» **Your assignment**
In the records below, count every line that includes the word "Hopping". Provide the total alone.

++++ Material for this exercise ++++

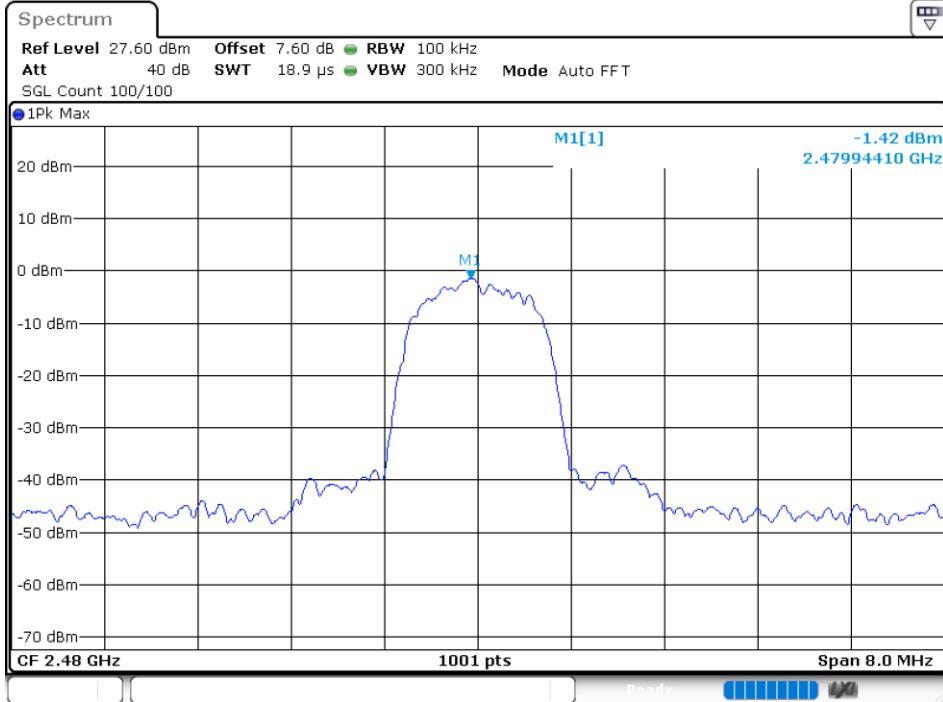

Band Edge(Hopping) NVNT 2-DH5 2480MHz Ant1 Hopping Emission

Band Edge NVNT 3-DH5 2402MHz Ant1 No-Hopping Ref

Band Edge NVNT 3-DH5 2402MHz Ant1 No-Hopping Emission

Band Edge(Hopping) NVNT 3-DH5 2402MHz Ant1 Hopping Ref

Band Edge(Hopping) NVNT 3-DH5 2402MHz Ant1 Hopping Emission

Band Edge NVNT 3-DH5 2480MHz Ant1 No-Hopping Ref

Band Edge NVNT 3-DH5 2480MHz Ant1 No-Hopping Emission

Band Edge(Hopping) NVNT 3-DH5 2480MHz Ant1 Hopping Ref

Band Edge(Hopping) NVNT 3-DH5 2480MHz Ant1 Hopping Emission

8.7 CONDUCTED RF SPURIOUS EMISSION

Condition	Mode	Frequency (MHz)	Antenna	Max Value (dBc)	Limit (dBc)	Verdict
NVNT	1-DH5	2402	Ant 1	-57.44	-20	Pass
NVNT	1-DH5	2441	Ant 1	-48.53	-20	Pass
NVNT	1-DH5	2480	Ant 1	-50.89	-20	Pass
NVNT	2-DH5	2402	Ant 1	-55.82	-20	Pass
NVNT	2-DH5	2441	Ant 1	-56.6	-20	Pass
NVNT	2-DH5	2480	Ant 1	-54.46	-20	Pass
NVNT	3-DH5	2402	Ant 1	-56.41	-20	Pass
NVNT	3-DH5	2441	Ant 1	-55.7	-20	Pass
NVNT	3-DH5	2480	Ant 1	-56.45	-20	Pass
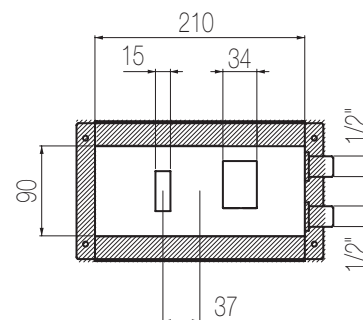

HITO CINQUANTUNO

Lavabo incasso

Miscelatore monocomando lavabo ad incasso **canna corta**
Single lever built-in basin group with **short spout**
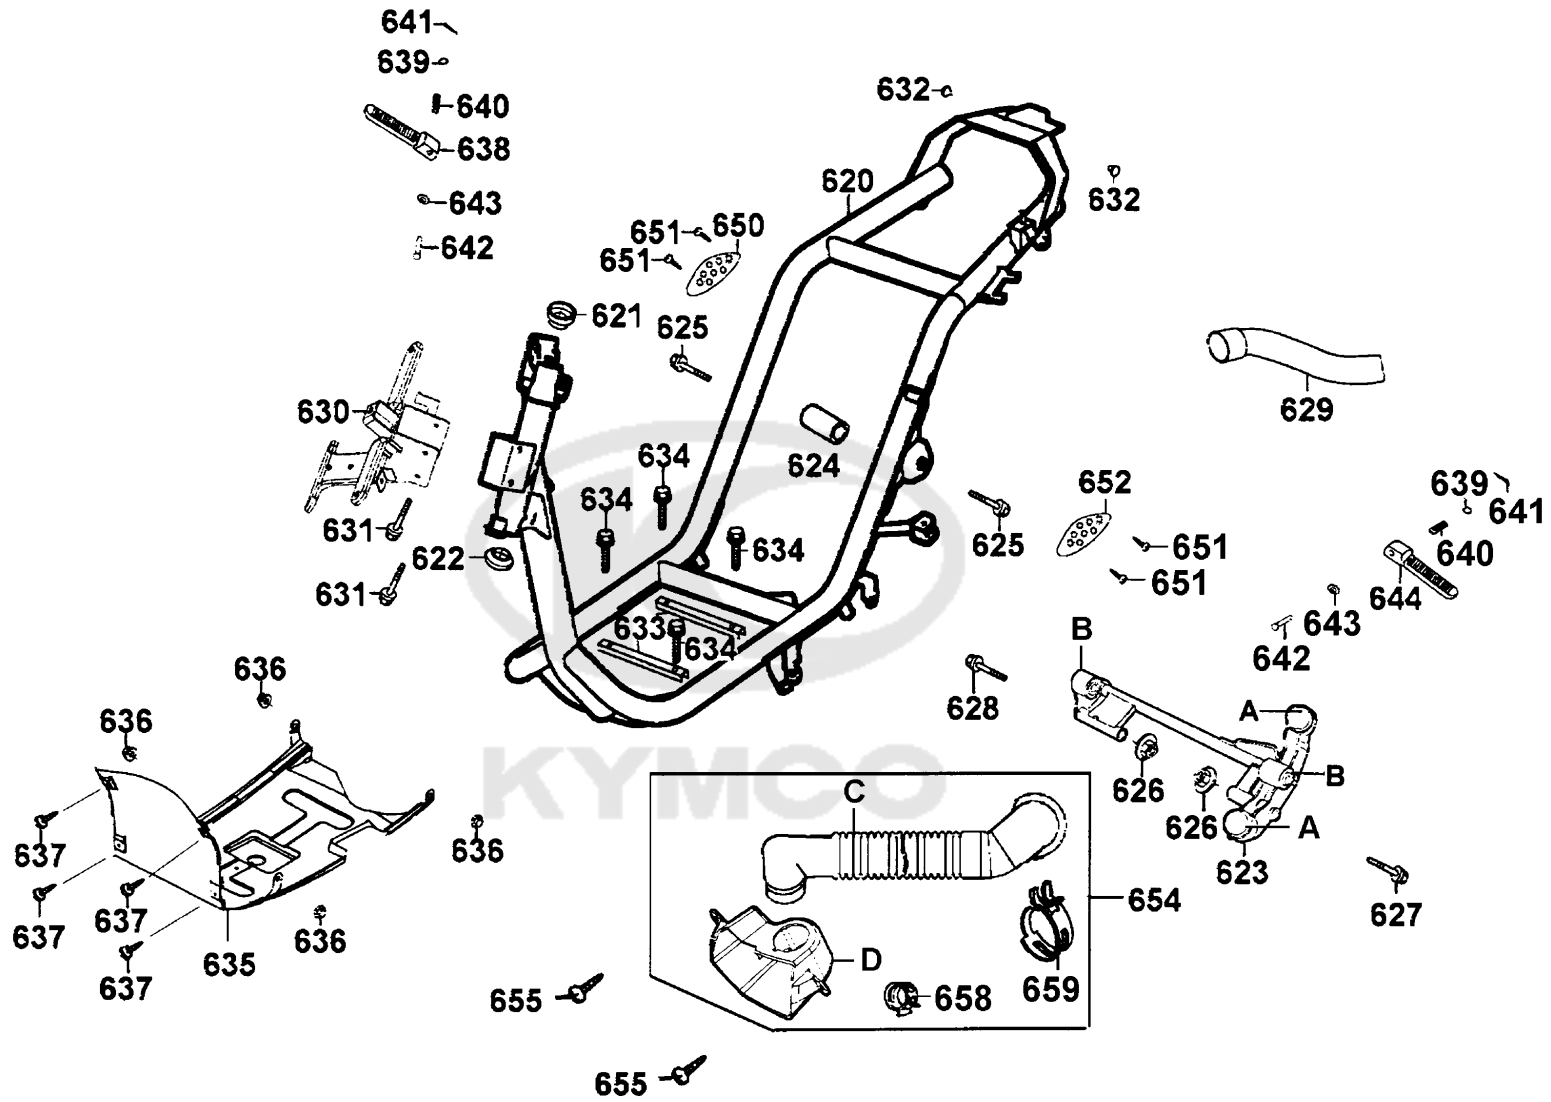

Sales mark 記号	Ref no 参照用番号	Part no パーツ番号	Description 部品名	Reg description 部品名	Regd no 必要個数	Ref Price 希望小売価格(税抜)	F21
D		17214-KEB7-900	DUCT AIR/C INLET	DUCT AIR/C INLET	1	870	
659		17215-KGBG-90A	CLIP ASSY A/C DUCT	CLIP ASSY A/C DUCT	1	580	
654		1721A-KEB7-900	DUCT ASSY AIR/C	DUCT ASSY AIR/C	1	1270	
629		19410-KEB7-900	DUCT COLLING	DUCT COLLING	1	700	
658		19411-KNBN-900	CLIP HOSE	CLIP HOSE	1	390	
620		50100-KEB7-B00	BODY COMP FRAME **B000-KR	BODY COMP FRAME **B000-KR	1	53230	
621		50301-GLM0-001	RACE UP STRG BALL	RACE UP STRG BALL	1	440	
622		50305-GHC8-004	RACE (UNDER STR) BALL	RACE (UNDER STR) BALL	1	420	
623		50350-KEB7-900	HANGER ASSY ENG	HANGER ASSY ENG	1	8180	
650		50355-KEB7-900	COVER R HANGER	COVER R HANGER	1	960	
652		50356-KEB7-900	COVER L HANGER	COVER L HANGER	1	960	
A		50356-KNBN-200	RUBBER C ENG HANGE STPR	RUBBER C ENG HANGE STPR	2	440	
B		50357-KEB7-900	RUBBER BUSH ENG HANGE	RUBBER BUSH ENG HANGE	2	1150	
**		50613-KEB7-900	COVER UNDER	COVER UNDER	1	5000	
633		50615-KKDK-900	RNFCT FLOOR CROSS	RNFCT FLOOR CROSS	2	390	
**		50700-KGB5-900	BAR R RR STEP	BAR R RR STEP	1	1150	
**		50710-KGB5-900	BAR L RR STEP	BAR L RR STEP	1	1150	
640		50713-KEB7-900	SPRING	SPRING	1	160	
642		50715-KEB7-900	PIN RR STEP	PIN RR STEP	1	200	
630		64315-KEB7-900	STAY FR COVER	STAY FR COVER	1	2860
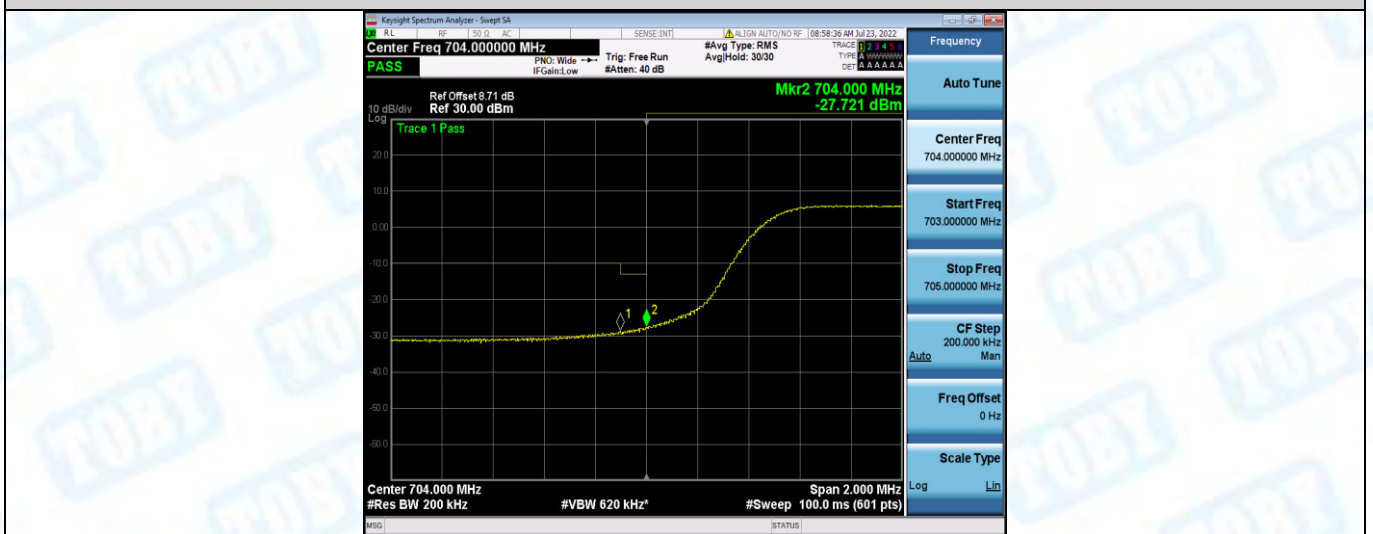

Band17-10MHz-QPSK-23800-1RB#0

Band17-10MHz-QPSK-23800-1RB#49

Band17-10MHz-QPSK-23800-50RB#0

Band17-10MHz-16QAM-23780-1RB#0

Band17-10MHz-16QAM-23780-1RB#49

Band17-10MHz-16QAM-23780-50RB#0

Band17-10MHz-16QAM-23800-1RB#0
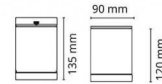

Protection

Luminaire class: Class I
Ingress protection rating: IP54
Vandal class: IK08
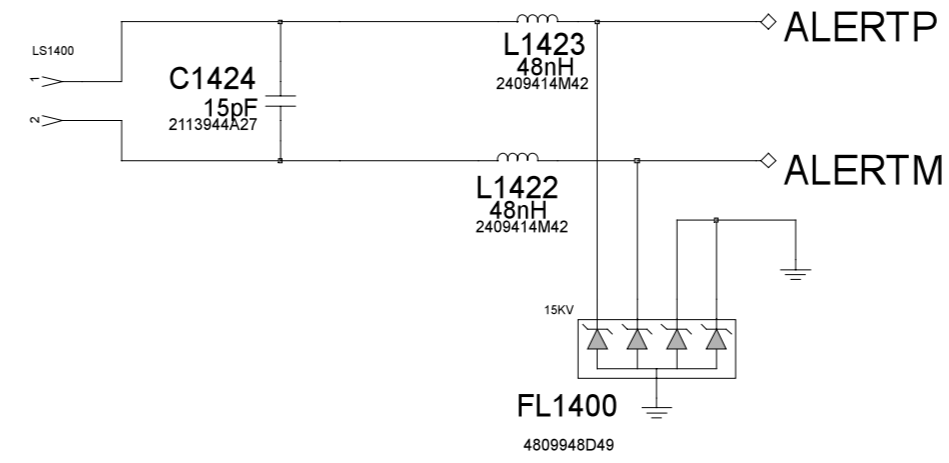

**U6\_8488750Y06\_rev\_B**

U800  
NEPTUNE\_LTS  
5199129K01  
Placeholder for NEPTUNE LTE Development part Lead Free 5199127K05

Route JVDD carefully

U6\_8488750Y06\_rev\_B

**U6\_8488750Y06\_rev\_B**

SIM BLOCK

BATTERY

VIBRATOR

U6\_ 8488750Y06\_rev\_B

PLACE HOLDER FOR SMF110A

**U6\_8488750Y06\_rev\_B**

NEPTUNE INTERFACE

U6\_ 8488750Y06\_rev\_B

++++

» **Response to the exercise**
9